:: REQUIREMENT ::
Would you pull out every line of the material that contains the string "Comparison"?

--------

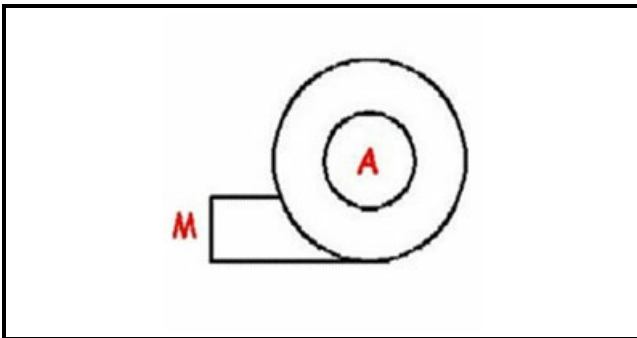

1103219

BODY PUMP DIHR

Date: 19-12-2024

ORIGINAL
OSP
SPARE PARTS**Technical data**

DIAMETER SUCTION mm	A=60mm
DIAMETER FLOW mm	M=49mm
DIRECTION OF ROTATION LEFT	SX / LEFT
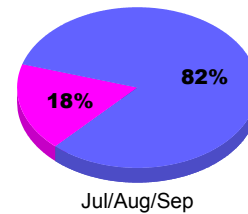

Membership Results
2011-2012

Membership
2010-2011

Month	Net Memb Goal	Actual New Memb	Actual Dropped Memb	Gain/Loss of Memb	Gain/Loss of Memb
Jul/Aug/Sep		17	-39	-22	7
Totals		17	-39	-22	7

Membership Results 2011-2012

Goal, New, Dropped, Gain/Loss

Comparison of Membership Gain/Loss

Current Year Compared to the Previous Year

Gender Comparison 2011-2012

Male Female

--------

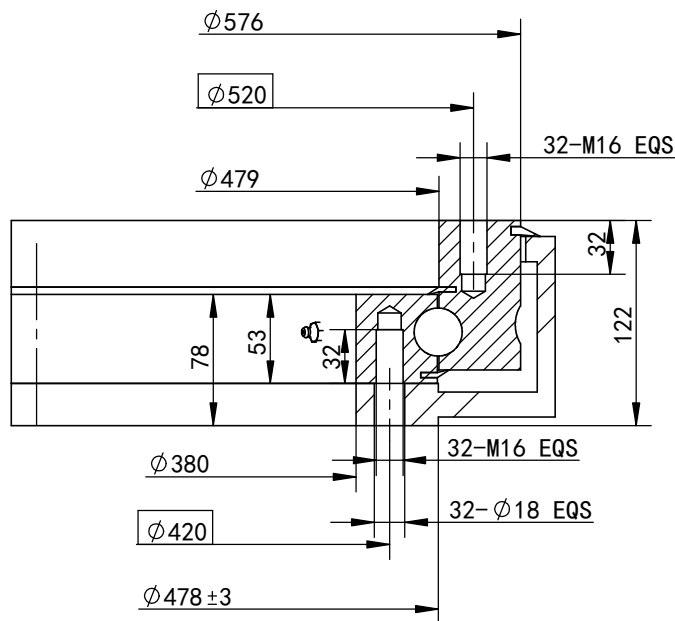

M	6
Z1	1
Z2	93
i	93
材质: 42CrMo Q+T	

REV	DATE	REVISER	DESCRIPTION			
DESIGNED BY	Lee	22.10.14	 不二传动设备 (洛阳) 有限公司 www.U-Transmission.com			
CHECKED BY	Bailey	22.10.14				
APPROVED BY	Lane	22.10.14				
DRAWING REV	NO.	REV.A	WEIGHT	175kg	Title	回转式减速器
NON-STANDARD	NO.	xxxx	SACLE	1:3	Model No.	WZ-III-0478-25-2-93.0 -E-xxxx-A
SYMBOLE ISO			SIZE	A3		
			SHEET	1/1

--------

:: RESPONSE ::
Comparison of Membership Gain/Loss
Gender Comparison 2011-2012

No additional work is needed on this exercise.